■ Provided information ■
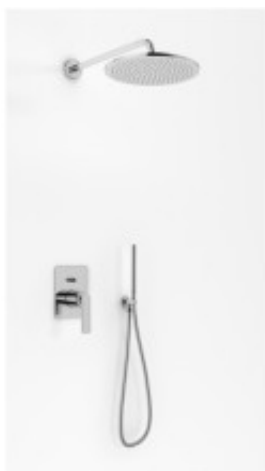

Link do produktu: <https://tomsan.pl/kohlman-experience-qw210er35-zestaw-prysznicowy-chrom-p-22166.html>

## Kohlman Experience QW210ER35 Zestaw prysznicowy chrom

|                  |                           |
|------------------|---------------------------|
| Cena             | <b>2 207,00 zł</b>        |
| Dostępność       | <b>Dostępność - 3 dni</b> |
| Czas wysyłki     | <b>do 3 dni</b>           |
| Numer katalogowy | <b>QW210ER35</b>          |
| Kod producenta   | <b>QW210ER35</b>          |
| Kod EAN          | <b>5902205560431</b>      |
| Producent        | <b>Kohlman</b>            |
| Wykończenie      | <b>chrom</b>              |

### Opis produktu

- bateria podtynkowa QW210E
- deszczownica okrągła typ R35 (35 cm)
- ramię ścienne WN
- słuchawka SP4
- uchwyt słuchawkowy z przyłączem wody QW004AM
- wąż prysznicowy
--
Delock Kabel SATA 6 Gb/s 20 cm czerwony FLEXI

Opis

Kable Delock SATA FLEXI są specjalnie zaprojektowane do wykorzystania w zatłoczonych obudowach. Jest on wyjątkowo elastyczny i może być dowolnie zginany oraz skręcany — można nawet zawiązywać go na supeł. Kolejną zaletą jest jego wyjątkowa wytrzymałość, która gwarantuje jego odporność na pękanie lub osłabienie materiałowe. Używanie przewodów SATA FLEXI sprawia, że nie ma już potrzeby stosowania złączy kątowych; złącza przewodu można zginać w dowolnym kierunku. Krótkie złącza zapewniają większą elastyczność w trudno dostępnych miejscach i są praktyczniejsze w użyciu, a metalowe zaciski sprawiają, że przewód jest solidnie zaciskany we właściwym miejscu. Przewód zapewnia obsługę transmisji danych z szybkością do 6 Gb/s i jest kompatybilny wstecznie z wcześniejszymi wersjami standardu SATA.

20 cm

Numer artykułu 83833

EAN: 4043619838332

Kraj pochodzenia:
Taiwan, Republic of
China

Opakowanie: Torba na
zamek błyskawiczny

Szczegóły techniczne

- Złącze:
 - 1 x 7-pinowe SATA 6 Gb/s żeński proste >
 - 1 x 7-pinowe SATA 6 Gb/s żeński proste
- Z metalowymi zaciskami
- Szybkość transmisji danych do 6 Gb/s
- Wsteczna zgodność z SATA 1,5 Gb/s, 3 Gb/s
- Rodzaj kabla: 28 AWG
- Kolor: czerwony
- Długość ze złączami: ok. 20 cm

■ What you need to do ■
Considering only the material above, set down every line from the one with "- słuchawka SP4" to the one with "- wąż prysznicowy", inclusive, exactly as written.

■ Response area ■
- słuchawka SP4
- uchwyt słuchawkowy z przyłączem wody QW004AM
- wąż prysznicowy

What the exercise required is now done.